Data extracted from a collection:
________________________________________

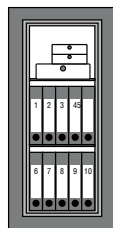

- Benutzernamen, Zutrittsrechte und Zutrittszeiten, etc. über optionale TSE PC-Software programmierbar
- Inkl. 2 Batterien Mignon LR 06 AA
- Die Schlossarmatur steht 50 mm vor

Artikel	EAN	Außen HxBxT	Innen HxBxT	Tür HxB	Gewicht	Inhalt
	40 03482...	mm	mm	Öffnung mm	kg	l
OfficeDoku 121 E	30720 5	626x641x555	476x498x336	476x498	300	79,6
OfficeDoku 124 E	30760 1	1096x641x555	946x498x336	946x498	450	158,3

Dokumentenschrank OfficeDoku

Übersicht

Zwei unterschiedliche Größen:

OfficeDoku 121 S

OfficeDoku 124 S

OL 101/111/121
Doku 121
Fachböden: 1

OL 104/114/124
Doku 124
Fachböden: 2

Innentresor mit Zylinderschloss für OfficeDoku 121+124

________________________________________

*Task prompt*
Give the records again exactly, minus the pictures.

*Response*
- Benutzernamen, Zutrittsrechte und Zutrittszeiten, etc. über optionale TSE PC-Software programmierbar
- Inkl. 2 Batterien Mignon LR 06 AA
- Die Schlossarmatur steht 50 mm vor

Artikel	EAN	Außen HxBxT	Innen HxBxT	Tür HxB	Gewicht	Inhalt
	40 03482...	mm	mm	Öffnung mm	kg	l
OfficeDoku 121 E	30720 5	626x641x555	476x498x336	476x498	300	79,6
OfficeDoku 124 E	30760 1	1096x641x555	946x498x336	946x498	450	158,3

Dokumentenschrank OfficeDoku

Übersicht

Zwei unterschiedliche Größen:

OfficeDoku 121 S

OfficeDoku 124 S

OL 101/111/121
Doku 121
Fachböden: 1

OL 104/114/124
Doku 124
Fachböden: 2

Innentresor mit Zylinderschloss für OfficeDoku 121+124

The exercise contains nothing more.